Bias arises in machine learning when we fit an overly simple function to a more complex problem. A theoretical study shows that gradient descent itself may introduce such bias and render algorithms unable to fit data properly.
What’s new: Suriya Gunasekar led colleagues at Toyota Technical Institute at Chicago, University of Southern California, and Technion-Israeli Institute of Technology to demonstrate that a model’s predictions can be limited by its optimization method regardless of the volume or distribution of training data. In some cases, gradient descent can’t find the optimal solution even with all the data in the world.
Key insight: The researchers considered a model’s ability to learn the optimal solution given a particular optimization method and loss function, as well as sufficient training data. They divided loss functions into two categories inspired by (A) linear regression with more parameters than data samples and (B) logistic regression when data classes are separable. Loss functions in category A have obtainable minima: The optimum sits at the bottom of a valley. Those in category B don’t: The optimum lies at the bottom of an infinitely long downward slope. Considering these categories separately enabled the authors to prove results for a variety of optimization methods.
How it works: The researchers found that optimization hyperparameter values can limit the behavior of certain combinations of loss function and optimization method. A well known example: With enough momentum, gradient descent doesn’t get stuck in local minima, but with too little, it gets trapped.
- Linear regression with quadratic loss defines a convex optimization problem. On the other hand, in logistic regression, with some datasets, certain parameters must approach infinity to realize the optimum. The researchers measured bias in such scenarios by whether the optimizer could approach optimal performance given infinite time.
- In linear models with gradient descent, optimizing losses in category A will always reach the optimal solution. When optimizing losses in category B, how close a model comes to finding an optimal solution depends on how long it trains.
- A natural gradient descent optimizer updates weights by following the gradient and a defined flow (which encourages certain directions, similar to gravity). By extending their results from gradient descent, the researchers showed that natural gradient descent is also biased by the initialization.

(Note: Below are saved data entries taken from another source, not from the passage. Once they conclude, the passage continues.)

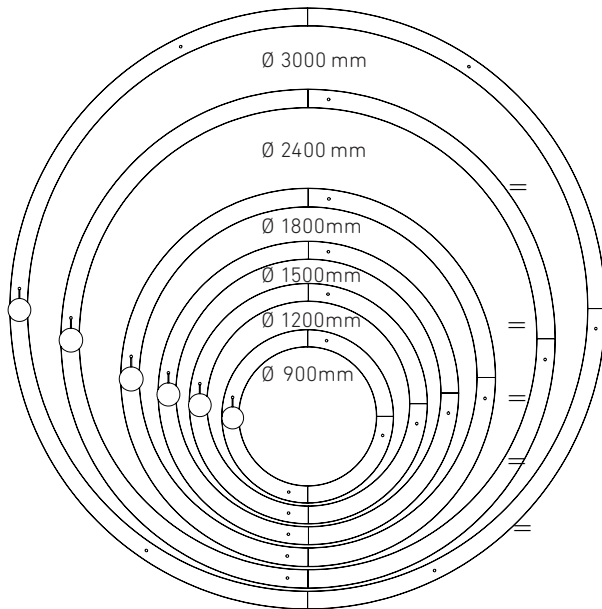

Features

Six Diameter Options:

900 mm
1200 mm
1500 mm
1800 mm
2400 mm
3000 mm

Direct, Indirect or Direct/
Indirect Distribution

Five Standard Output
Options

Tunable White and RGB
+W Options

Remote DALI, DMX, 10V or
Wireless

Product Options

Mounting Options

Vertical Suspension
Surface Mount
Rod Suspension
Central Suspension

Shape Options

Round
Square
Soft Square
Obround

Sizes

900mm diameter
1200mm diameter
1500mm diameter
1800mm diameter
2400mm diameter
3000mm diameter

LIGHT FORMS

MB90

Dimensions

Direct

Direct / Indirect

Distribution

Moonband 90

LIGHT FORMS

- For particular combinations of optimization method and loss function, the researchers were unable to quantify the gap between a solution and the optimum. But they did prove that the bias depends on a model’s learning rate and initialization. In such cases, gradient descent may get stuck in the local minima depending on the starting location.
Results: In theory, gradient descent with loss functions in category A depends on initialization but not hyperparameters. Moreover, momentum depends on both initialization and hyperparameters. For category B, gradient descent always converges on the correct solution given infinite time.
Why it matters: Theory and practice sometimes diverge, but theoretical analyses help simplify practical issues and provide clear guidance when questions arise.
We’re thinking: How to select and tune optimization algorithms is often the realm of tribal knowledge. (We teach some of this in the Deep Learning Specialization.) We’re glad to have higher principles to consult as we debug architectures, datasets, and training methods.